L’Italia nel 2053

Da quella che sarebbe potuta essere una moderna economia della conoscenza trainata dall’investimento, dalla ricerca e dai saperi tecnico-scientifici impiegati nella produzione di beni e servizi innovativi, a una stagnante economia della rendita.

Il Bel Paese nel 2053: come sarà?

Siamo nella torrida estate del 2053. Un turista indonesiano in visita a Firenze si affretta a rientrare nel suo appartamento affittato per 500 euro a notte. Ma inciampando si ferisce a una gamba. Due turisti italiani di passaggio, originari di Palermo ed emigrati in Germania, lo trasportano nella loro Volkswagen elettrica all’ospedale di Careggi, di proprietà del gruppo sanitario privato UnitedHealthcare. Al costo di 1000 euro, la ferita dell’infortunato viene curata tramite un robot progettato e costruito in Giappone.

Sembra la trama di un romanzo, ma anche uno spaccato plausibile di ciò che potrebbe essere l’Italia fra 30 anni. Un Paese in cui il reddito pro capite rispetto alla principale economia mondiale si è ridotto a meno della metà, in cui il tasso di disoccupazione giovanile si attesta al 50 per cento, in cui ogni anno emigrano 250 mila persone e in cui oltre la metà della popolazione ha più di 65 anni.

Da quella che sarebbe potuta essere una moderna economia della conoscenza trainata dall’investimento, dalla ricerca e dai saperi tecnico-scientifici impiegati nella produzione di beni e servizi innovativi, a una stagnante economia della rendita.

Il Made in Italy rimane confinato alla manifattura a basso valore aggiunto (quindi a bassi salari) o a nicchie di produzione nei settori dell’abbigliamento e del cibo (caratterizzati da bassi livelli di innovazione). Come avvenuto nel trentennio precedente (basti ad esempio guardare a quanto accaduto a due colossi come Fiat e Olivetti), nei successivi 30 anni la privatizzazione delle rimanenti grandi imprese a controllo pubblico, unita all’assenza di una politica industriale, ha comportato la chiusura delle produzioni aerospaziali, della cantieristica e dei semiconduttori.

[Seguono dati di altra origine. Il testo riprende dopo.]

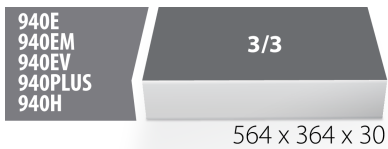

Modul SOS pentru 964VDE3

VL964VDE3

Profile

621785

L

564

B

364

H

30

168

* Imaginea produsului este simbolica. Toate dimensiunile sunt exprimate în mm, greutatea în grame.

Nel frattempo, il turismo internazionale ha stravolto la vita nei principali centri urbani: i prezzi degli affitti e delle case hanno raggiunto livelli insostenibili. I proprietari delle abitazioni vedono accrescere il proprio patrimonio, mentre si è azzerato l’incentivo a investire il capitale disponibile in attività imprenditoriali di rischio.

I pochi cittadini italiani rimasti sono obbligati a sottoscrivere un’assicurazione privata per la salute, mentre l’università pubblica è stata soppiantata da una gestione privata con rette così alte da obbligare gli studenti a indebitarsi per pagare il costo degli studi.

Eppure, si potrebbe invertire la rotta ripartendo dall’ottimismo della volontà di un noto personaggio italiano che nel 1961 sosteneva come “noi italiani dobbiamo toglierci di dosso questo complesso di inferiorità che ci hanno insegnato”, aggiungendo che “per fare questo è necessario studiare, imparare e conoscere i problemi”. Quel noto personaggio era Enrico Mattei.